Does fat shaming work? New research has the answer

If you somehow think shaming overweight or obese people helps them lose weight, here's a news flash: It doesn't. Here is a round-up of 15 recent research papers by Johanna Younghans that answers the question – does fat shaming work? – by proving why the treatment for obesity can’t adopt a “one size fits all” approach.


Johanna Younghans, University of Michigan

What is fat shaming?

Passive or active fat shaming involves the criticism and harassment of overweight or obese people about their weight and/or eating habits to make them feel ashamed. Fat shaming aims to get overweight or obese people to lose weight, exercise more, or eat better.

Lena Suarez-Angelino

1. Low-income communities more likely to face childhood obesity

In answering the question, does fat shaming work, Science is with James Corden. Fat shaming does not work, and it shouldn’t make a comeback, and it definitely won’t solve the obesity epidemic. Through countless published scientific papers, research has continually exposed the complexity of obesity and being overweight, which affects more than 1.9 billion people worldwide. That research has led experts to conclude that fat shaming doesn’t work, and the potential treatment options for obesity must go further than simply prescribing diet and exercise as a cure.


For years, scientists have researched the problem of obesity and fat shaming. Their research has contributed to the mounting evidence of factors that demonstrate obesity is often beyond an individual’s control. Factors such as poverty, health care access, education, genetics, hormones, and chronic illnesses can all play roles in the chronic condition’s development and existence.


More research and clinical trials are needed to find answers, but while we wait, researchers say that fat shaming does not work. Fat shaming, which has been proven to cause depression and increase the risk of suicide, should never be used to treat obesity.


Below, is a round-up of recent research and articles on obesity that seek to find better solutions to address the issue of obesity,  help those trying to overcome it, and put the question – does fat shaming work – to rest.

Using a model created from data on over 111,000 students, research shows that the higher poverty rates are in an area, the higher the rate of obesity is among children living there. Although obesity rates were higher among African-American and Hispanic kids, the relationship disappeared when factoring in family income, according to the study published in Childhood Obesity.


Authors concluded that access to fewer resources like recreational programs, parks, and full-service grocery stores appears to have a greater impact on the nation’s childhood obesity rate than race. Fat shaming does not work. Poverty will not be solved by fat shaming.

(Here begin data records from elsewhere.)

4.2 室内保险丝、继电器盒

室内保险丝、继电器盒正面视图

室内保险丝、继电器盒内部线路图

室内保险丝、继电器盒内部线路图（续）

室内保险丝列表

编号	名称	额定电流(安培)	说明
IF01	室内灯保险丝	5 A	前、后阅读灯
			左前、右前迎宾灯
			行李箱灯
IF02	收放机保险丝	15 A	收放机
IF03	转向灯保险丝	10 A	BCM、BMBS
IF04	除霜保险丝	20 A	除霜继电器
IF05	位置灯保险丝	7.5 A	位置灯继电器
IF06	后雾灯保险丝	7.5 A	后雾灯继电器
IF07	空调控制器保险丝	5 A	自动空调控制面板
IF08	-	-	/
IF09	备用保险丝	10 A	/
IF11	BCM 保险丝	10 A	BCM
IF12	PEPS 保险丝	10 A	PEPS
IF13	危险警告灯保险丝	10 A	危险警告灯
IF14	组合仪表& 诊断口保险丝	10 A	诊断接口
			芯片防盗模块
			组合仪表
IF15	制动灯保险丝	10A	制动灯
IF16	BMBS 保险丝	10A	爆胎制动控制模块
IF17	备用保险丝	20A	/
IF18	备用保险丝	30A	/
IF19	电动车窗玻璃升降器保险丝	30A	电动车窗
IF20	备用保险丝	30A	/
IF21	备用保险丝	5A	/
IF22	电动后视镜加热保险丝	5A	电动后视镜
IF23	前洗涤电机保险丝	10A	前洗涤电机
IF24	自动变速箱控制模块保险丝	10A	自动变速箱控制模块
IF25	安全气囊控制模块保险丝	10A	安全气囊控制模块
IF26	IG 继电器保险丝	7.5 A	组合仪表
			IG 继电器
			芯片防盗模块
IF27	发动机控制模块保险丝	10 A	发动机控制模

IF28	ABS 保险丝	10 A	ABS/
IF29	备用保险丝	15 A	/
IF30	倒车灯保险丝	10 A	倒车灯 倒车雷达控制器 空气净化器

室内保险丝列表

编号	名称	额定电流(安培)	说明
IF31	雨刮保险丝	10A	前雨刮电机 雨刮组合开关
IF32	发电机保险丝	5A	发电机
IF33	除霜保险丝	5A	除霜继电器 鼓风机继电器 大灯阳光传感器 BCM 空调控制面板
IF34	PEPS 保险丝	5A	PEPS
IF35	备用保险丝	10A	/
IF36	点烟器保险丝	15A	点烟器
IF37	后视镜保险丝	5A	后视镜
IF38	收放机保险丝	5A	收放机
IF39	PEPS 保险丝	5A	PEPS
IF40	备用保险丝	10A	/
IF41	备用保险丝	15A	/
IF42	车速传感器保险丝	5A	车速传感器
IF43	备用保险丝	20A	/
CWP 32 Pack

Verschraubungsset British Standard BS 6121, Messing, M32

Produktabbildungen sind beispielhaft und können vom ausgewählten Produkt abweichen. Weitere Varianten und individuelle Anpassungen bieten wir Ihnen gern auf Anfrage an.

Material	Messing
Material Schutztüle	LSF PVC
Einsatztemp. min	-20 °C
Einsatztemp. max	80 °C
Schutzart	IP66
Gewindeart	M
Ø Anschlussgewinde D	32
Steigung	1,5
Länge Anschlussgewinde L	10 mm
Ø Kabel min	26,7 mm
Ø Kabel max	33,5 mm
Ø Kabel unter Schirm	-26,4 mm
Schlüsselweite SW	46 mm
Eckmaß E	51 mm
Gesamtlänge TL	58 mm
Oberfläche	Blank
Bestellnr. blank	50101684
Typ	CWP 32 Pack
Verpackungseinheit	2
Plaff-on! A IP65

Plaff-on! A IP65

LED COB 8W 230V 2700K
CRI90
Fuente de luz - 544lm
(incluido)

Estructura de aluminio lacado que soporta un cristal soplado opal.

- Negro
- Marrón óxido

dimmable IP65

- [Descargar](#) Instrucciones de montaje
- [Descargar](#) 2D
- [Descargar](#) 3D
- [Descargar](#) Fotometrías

2. Weighing the facts: the tough truth about weight loss

Here’s a sobering statistic: roughly 90% of people who lose a lot of weight eventually regain just about all of it.


Why is it so hard to keep the weight off? The reason is both simple and complex. Gaining a significant amount of weight doesn’t just puff up our fat cells; it changes our biology. Our bodies act as if that higher weight is our normal weight, defending it like a mother embracing her newborn. Does fat shaming work against individual fat cells? No!

Fat shaming does not work; in other words, it does not help encourage people to lose weight. The reverse effect is actually true: fat shaming often leads to weight gain.

3. Resisting food temptation isn’t futile, but obesity may make it harder

Food-related cues come at us from morning until night, and some of us seem powerless to resist temptation. Others, however, can ignore them or stop themselves from responding.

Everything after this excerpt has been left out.